### WORK TO COMPLETE
Using the entries below, return word for word the lines from the one containing "- voorsprong uitloop 130 mm" up to and including the last.

[Items listed in a dataset]
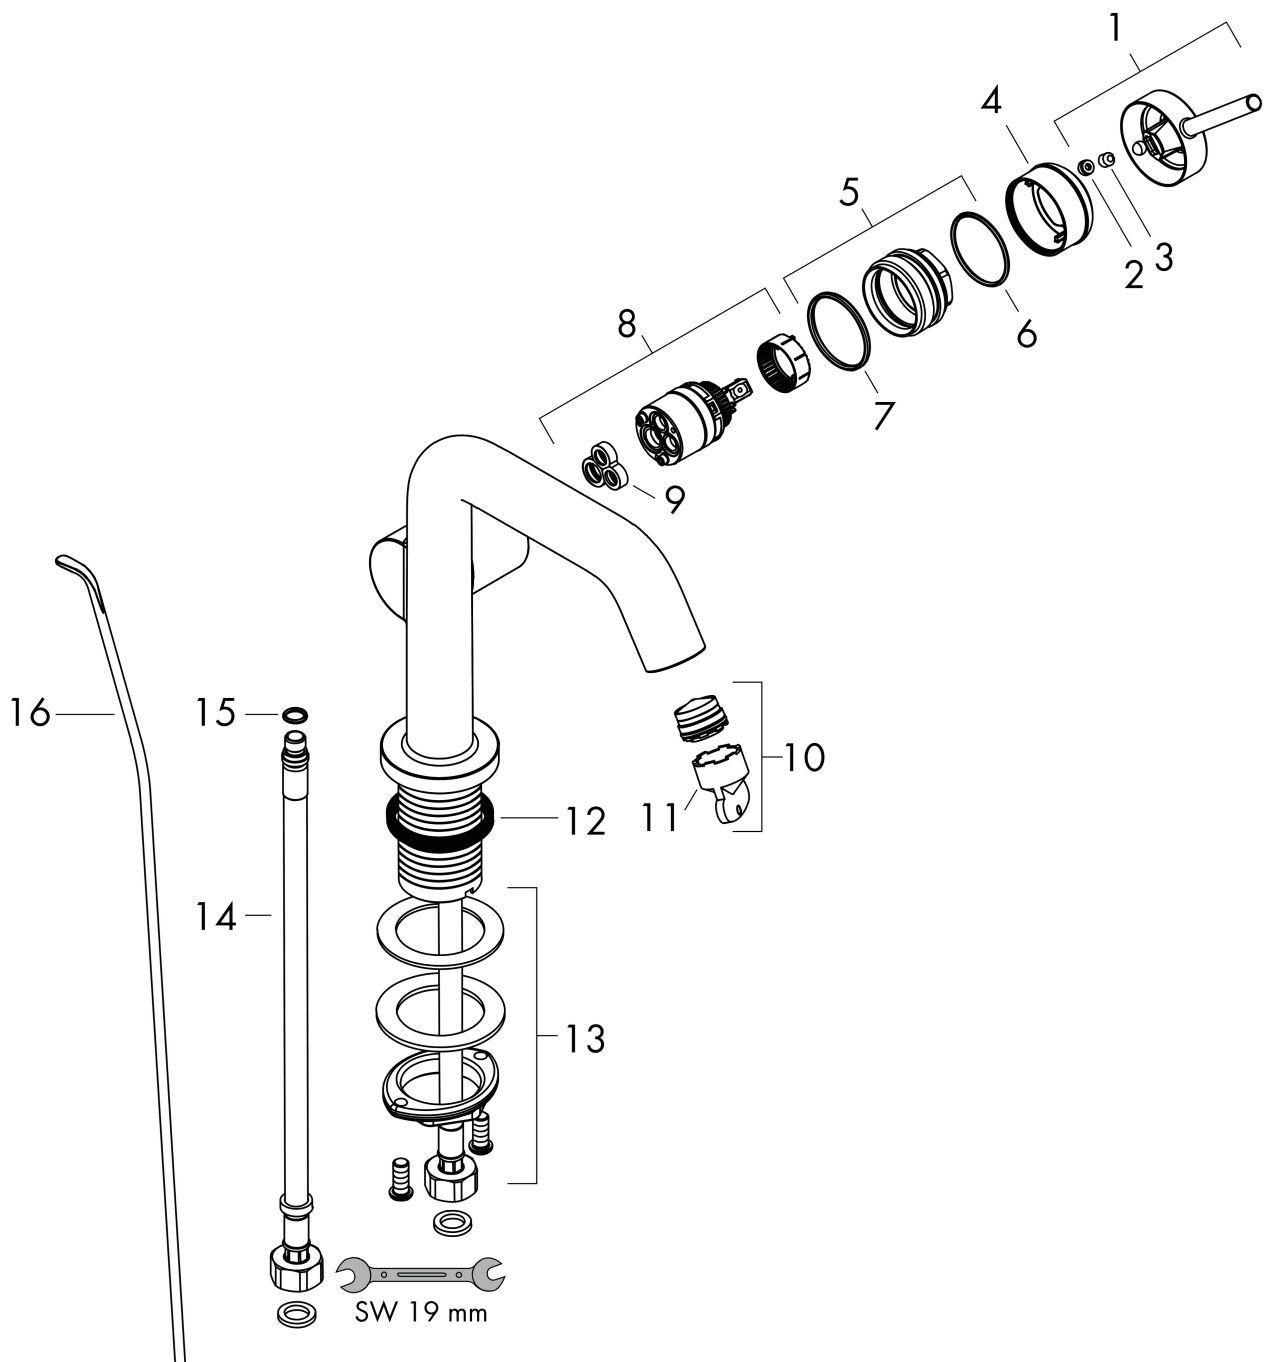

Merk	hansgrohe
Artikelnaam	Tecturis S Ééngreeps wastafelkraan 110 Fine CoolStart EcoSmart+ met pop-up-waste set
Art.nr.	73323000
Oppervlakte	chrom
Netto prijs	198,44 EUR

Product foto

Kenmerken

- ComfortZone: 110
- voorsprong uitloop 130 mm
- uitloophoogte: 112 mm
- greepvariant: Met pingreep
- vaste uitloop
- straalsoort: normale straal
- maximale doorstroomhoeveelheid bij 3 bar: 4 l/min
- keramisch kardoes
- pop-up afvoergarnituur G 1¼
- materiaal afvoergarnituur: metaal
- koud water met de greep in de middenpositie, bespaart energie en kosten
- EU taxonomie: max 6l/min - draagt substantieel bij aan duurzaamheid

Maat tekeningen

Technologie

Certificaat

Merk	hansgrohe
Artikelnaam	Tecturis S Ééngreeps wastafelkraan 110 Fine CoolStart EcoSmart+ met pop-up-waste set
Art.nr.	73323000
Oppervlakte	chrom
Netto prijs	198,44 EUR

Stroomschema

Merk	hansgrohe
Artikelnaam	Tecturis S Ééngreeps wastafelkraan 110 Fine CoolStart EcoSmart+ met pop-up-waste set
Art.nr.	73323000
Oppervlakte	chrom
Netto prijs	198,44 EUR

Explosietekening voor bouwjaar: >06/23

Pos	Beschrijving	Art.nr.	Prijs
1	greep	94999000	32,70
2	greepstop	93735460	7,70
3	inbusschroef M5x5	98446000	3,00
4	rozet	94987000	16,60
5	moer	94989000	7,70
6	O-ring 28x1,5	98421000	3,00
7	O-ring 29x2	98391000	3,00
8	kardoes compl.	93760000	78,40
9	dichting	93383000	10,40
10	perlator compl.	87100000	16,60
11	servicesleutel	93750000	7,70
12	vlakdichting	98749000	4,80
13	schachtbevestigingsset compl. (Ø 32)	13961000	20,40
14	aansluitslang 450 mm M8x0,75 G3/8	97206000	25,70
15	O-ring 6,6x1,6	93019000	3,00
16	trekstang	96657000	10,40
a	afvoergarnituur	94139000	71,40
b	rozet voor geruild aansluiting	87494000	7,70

### RESULT FOR THIS EXERCISE
- voorsprong uitloop 130 mm
- uitloophoogte: 112 mm
- greepvariant: Met pingreep
- vaste uitloop
- straalsoort: normale straal
- maximale doorstroomhoeveelheid bij 3 bar: 4 l/min
- keramisch kardoes
- pop-up afvoergarnituur G 1¼
- materiaal afvoergarnituur: metaal
- koud water met de greep in de middenpositie, bespaart energie en kosten
- EU taxonomie: max 6l/min - draagt substantieel bij aan duurzaamheid

Maat tekeningen

Technologie

Certificaat

Merk	hansgrohe
Artikelnaam	Tecturis S Ééngreeps wastafelkraan 110 Fine CoolStart EcoSmart+ met pop-up-waste set
Art.nr.	73323000
Oppervlakte	chrom
Netto prijs	198,44 EUR

Stroomschema

Merk	hansgrohe
Artikelnaam	Tecturis S Ééngreeps wastafelkraan 110 Fine CoolStart EcoSmart+ met pop-up-waste set
Art.nr.	73323000
Oppervlakte	chrom
Netto prijs	198,44 EUR

Explosietekening voor bouwjaar: >06/23

Pos	Beschrijving	Art.nr.	Prijs
1	greep	94999000	32,70
2	greepstop	93735460	7,70
3	inbusschroef M5x5	98446000	3,00
4	rozet	94987000	16,60
5	moer	94989000	7,70
6	O-ring 28x1,5	98421000	3,00
7	O-ring 29x2	98391000	3,00
8	kardoes compl.	93760000	78,40
9	dichting	93383000	10,40
10	perlator compl.	87100000	16,60
11	servicesleutel	93750000	7,70
12	vlakdichting	98749000	4,80
13	schachtbevestigingsset compl. (Ø 32)	13961000	20,40
14	aansluitslang 450 mm M8x0,75 G3/8	97206000	25,70
15	O-ring 6,6x1,6	93019000	3,00
16	trekstang	96657000	10,40
a	afvoergarnituur	94139000	71,40
b	rozet voor geruild aansluiting	87494000	7,70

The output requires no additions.